----- Data for this exercise

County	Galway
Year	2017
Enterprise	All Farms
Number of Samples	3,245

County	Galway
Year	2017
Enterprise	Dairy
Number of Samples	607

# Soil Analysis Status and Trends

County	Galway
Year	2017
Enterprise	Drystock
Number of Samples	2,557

----------
----- Data for this exercise

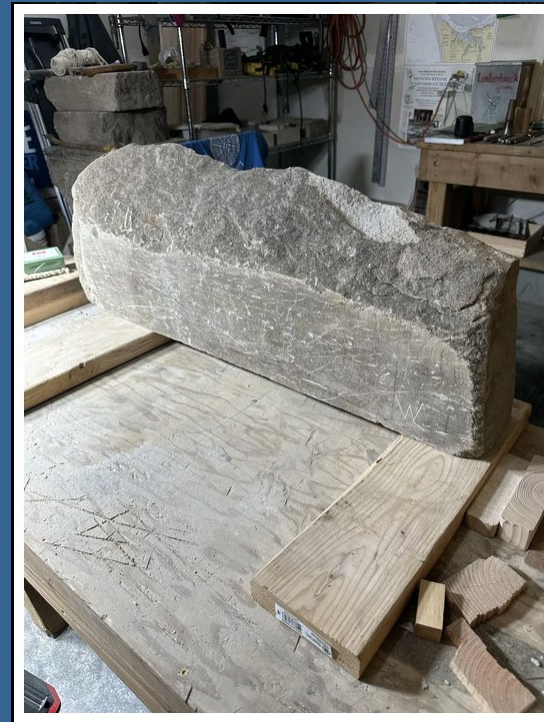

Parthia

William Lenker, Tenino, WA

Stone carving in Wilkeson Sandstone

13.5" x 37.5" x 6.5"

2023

----------
----- Data for this exercise

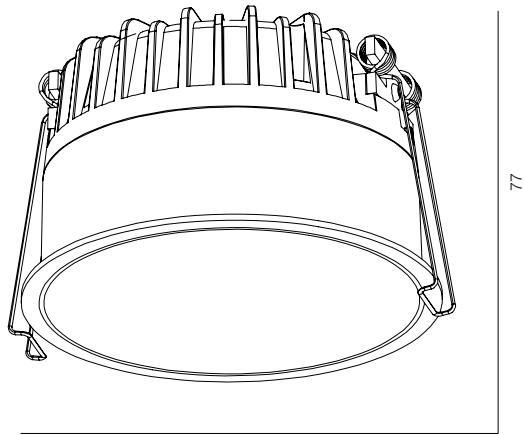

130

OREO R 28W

----------

■ **Required work**: Every line that holds the word "Number" should be copied from the records above.

■ **Problem solution**:
Number of Samples	3,245
Number of Samples	607
Number of Samples	2,557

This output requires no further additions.